▶ Your task:
Repeat every entry word for word, skipping the pictures.

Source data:
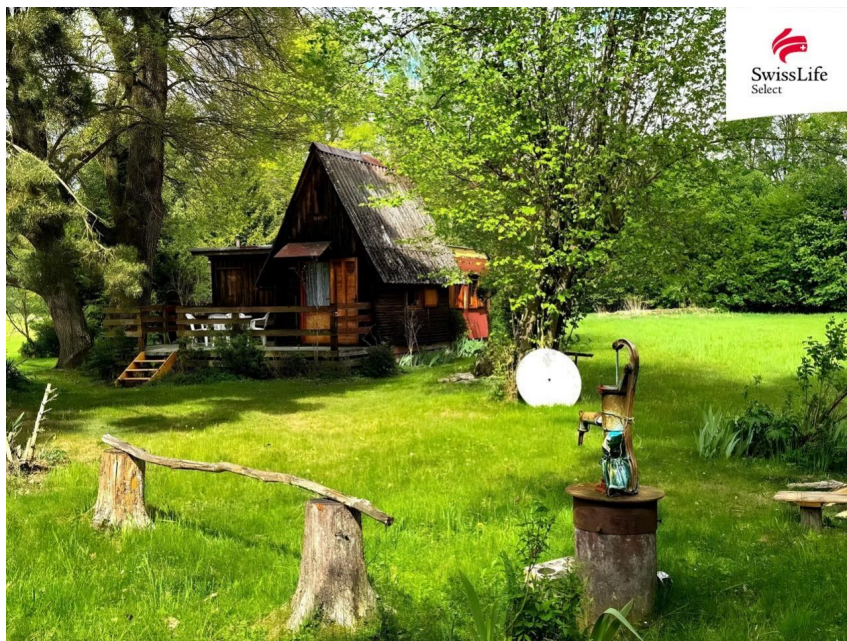

Prodej chaty 35 m², Třebechovice pod Orebem

50346, Třebechovice pod Orebem

1 985 000 Kč

za nemovitost

Prodej - Chaty a rekreační objekty

Zastavěná plocha:	56 m ²
Užitná plocha:	35 m ²
Plocha parcely:	445 m ²
Druh objektu:	smíšená

▶ Solution for this exercise:
Prodej chaty 35 m², Třebechovice pod Orebem

50346, Třebechovice pod Orebem

1 985 000 Kč

za nemovitost

Prodej - Chaty a rekreační objekty

Zastavěná plocha:	56 m ²
Užitná plocha:	35 m ²
Plocha parcely:	445 m ²
Druh objektu:	smíšená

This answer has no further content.